-- Data provided follows --

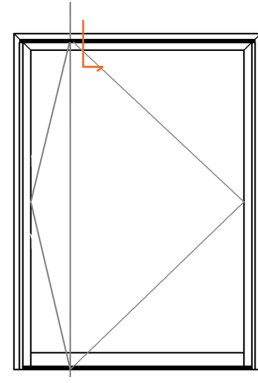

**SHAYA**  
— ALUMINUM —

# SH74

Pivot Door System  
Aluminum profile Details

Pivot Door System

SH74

-- Data provided concluded --
-- Data provided follows --

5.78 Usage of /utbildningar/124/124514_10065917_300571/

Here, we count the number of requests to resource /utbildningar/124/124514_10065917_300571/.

-- Data provided concluded --
-- Data provided follows --

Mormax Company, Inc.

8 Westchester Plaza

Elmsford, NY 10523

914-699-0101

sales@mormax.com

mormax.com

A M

-- Data provided concluded --

--- Task objective ---
List all lines from the entries that include the word "Pivot".

--- Result ---
Pivot Door System  
Pivot Door System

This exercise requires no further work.